Absent circumstances not relevant here, a party is precluded from raising on appeal an issue that could have been, but was not, raised before the original tribunal. Nieder v. Royal Indemn. Ins. Co., 62 N.J. 229, 234 (1973). We agree with the Association, and with PERC, that the issue before the Commission, and before us, is not whether the grievance should be sustained or denied, but only whether the subject of the parties' dispute falls within the scope of legally negotiable and arbitrable subjects under the Act. PERC applied its expertise, and answered that question in the affirmative. We have been presented with no meritorious basis upon which to disturb the result PERC reached, especially in light of the Board's failure to argue before PERC that any of the three exceptions applied.

As the Court observed in Ridgefield Park Educ. Ass'n v Ridgefield Park Bd. of Educ., 78 N.J. 144, 154 (1978), whether there is merit to the grievance is not a matter to be decided by PERC, because the role of PERC is limited to deciding the "abstract issue" of whether the dispute is subject to collective negotiations. The Court stated:

The Commission is addressing the abstract issue: is the subject matter in dispute within the scope of collective negotiations. Whether that subject is within the arbitration clause of the agreement, whether the facts are as alleged by the grievant, whether the contract provides a defense for the employer's alleged action, or even whether there is a valid arbitration clause in the agreement, or any other question which might be raised is not to be determined by the Commission in a scope proceeding. Those are questions appropriate for determination by an arbitrator and/or the courts.

 

[Ridgefield Park, supra, 78 N.J. at 154 (internal quotation marks and citation omitted.]

 

PERC performed the limited function that Ridgefield Park describes. Although the three exceptions to the unit work rule were applied and considered in detail by PERC and by the Court in Jersey City, supra, 154 N.J. at 575-81, here, on the limited record before it, PERC had no occasion to do so. This was especially so in light of the Board's failure to have argued before PERC that any of the three exceptions applied.

Affirmed.

1 The Court observed that the unit work rule "has its underpinnings in federal private-sector labor law," namely, Fibreboard Paper Prods. Corp. v. NLRB, 379 U.S. 203, 85 S. Ct. 398, 13 L. Ed. 2d 233 (1964). Ibid.

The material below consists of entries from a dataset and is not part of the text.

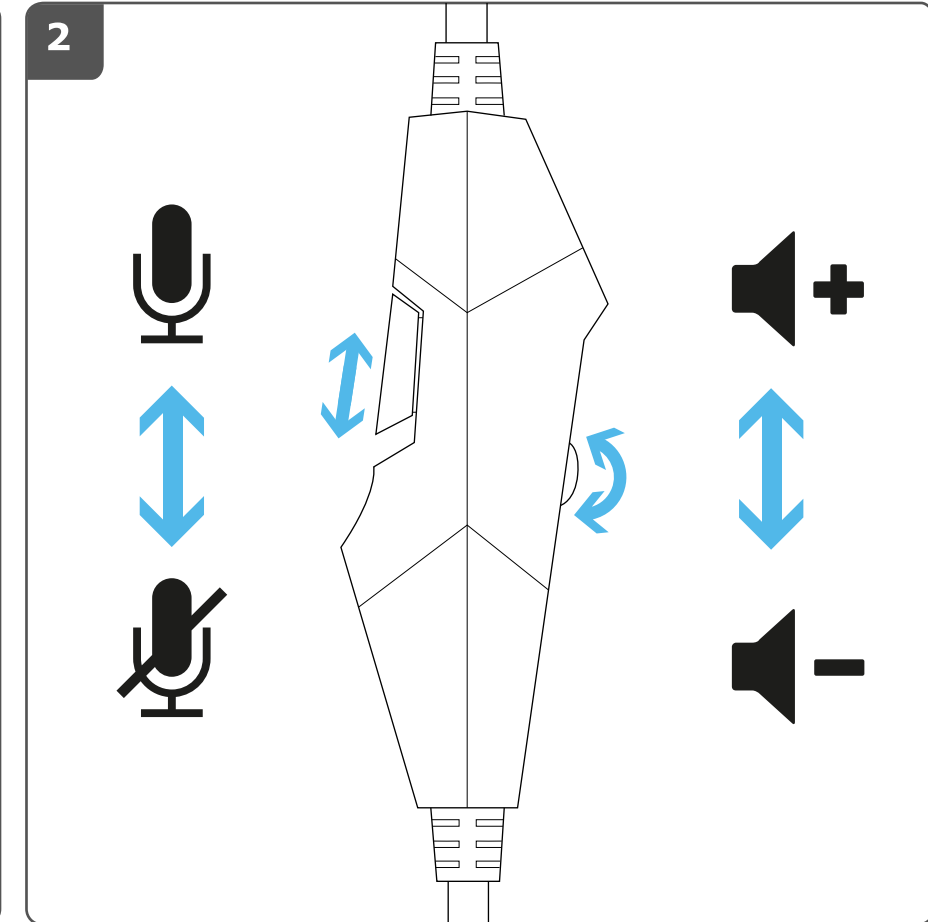

**Trust**

**CELAZ** | Gaming Headset

[www.trust.com/23373/faq](http://www.trust.com/23373/faq)

PS4

XBox One

\* only 2015 model controller

PC

LAPTOP

2 We note, however, that the Board did, in its statement of facts, assert that as far back as 2006 high school students had done work in the summer as employees of the Board, consisting of "cleaning televisions, VCRs, cart[s], cassette recorders, earphones and . . . laptops." The Board also noted that students had, in the past, done "technical work" on computers, including running cables, moving equipment, connecting various machines, and setting up computer servers.


The Board's brief to PERC also noted that neither Vala, or the Association, had ever responded to Farr's memorandum concerning the elimination of summer work for ten-month employees.

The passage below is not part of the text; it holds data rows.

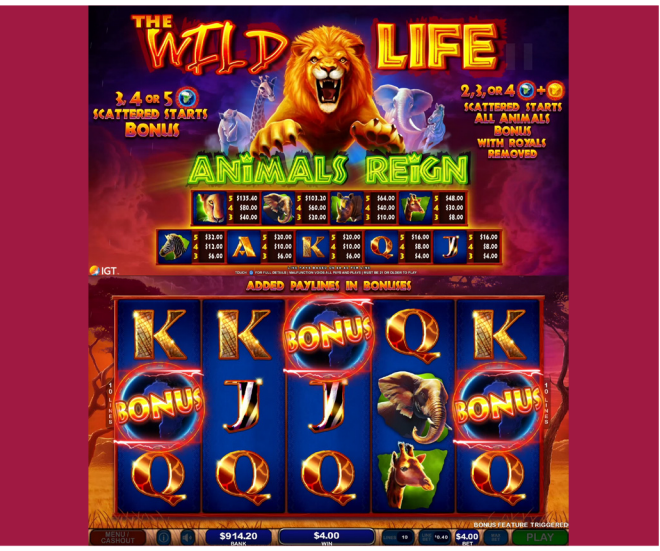

ILLINOIS

The newest can't-miss Game King™ 1.3 game set introduces two standout adventures— including one rocketing into high-energy play and the other, a blockbuster new addition to the iconic brand family of games, The Wild Life™. Available on the NEW innovative Rise32™ gaming machine, this compelling game duo brings variety, excitement, and repeat-play potential to your locations.

THEMES INCLUDED

View game details at igt.com/games
Download art assets at igt.com/media

Watch for the big bang in this sparkling new Asian theme. With three different Lock & Respin Bonuses, including the Prize Boost, Big Bang Bonus, and Spin Boost Bonus, along with multiple Bonus combination possibilities, Rising Rockets™ Empress provides plenty of explosive action and a big variety of ways to win.

Bonus action lights up this game! Green dragons may ignite the Prize Boost Bonus, offering random multipliers. The Big Bang Bonus is played with 2, 3, or 4 game positions, and the Spin Boost offers an additional spin with each reset and features the fantastic treasure chest where even higher wins can be revealed.

A safari journey awaits in this wild new evolution of the beloved The Wild Life™ brand. It features random full reel Wilds, random reels with all Royal symbols removed, and two action-packed Free Games Bonuses.

Although the Board mentioned these alleged facts in its brief before PERC, it never relied on these facts as a basis for arguing that any of the three exceptions to the unit work rule applied. Instead it relied on these facts merely to support its argument that elimination of the "subject matter of the underlying grievance was a non-negotiable and non-arbitrable management prerogative; [and the] arbitration should be restrained." Thus, the Board argued before PERC that the subject matter was inherently non-negotiable, which is a far cry from arguing, as it has before us on appeal, that the three exceptions to the unit work rule apply and that PERC acted arbitrarily by failing to consider the exceptions.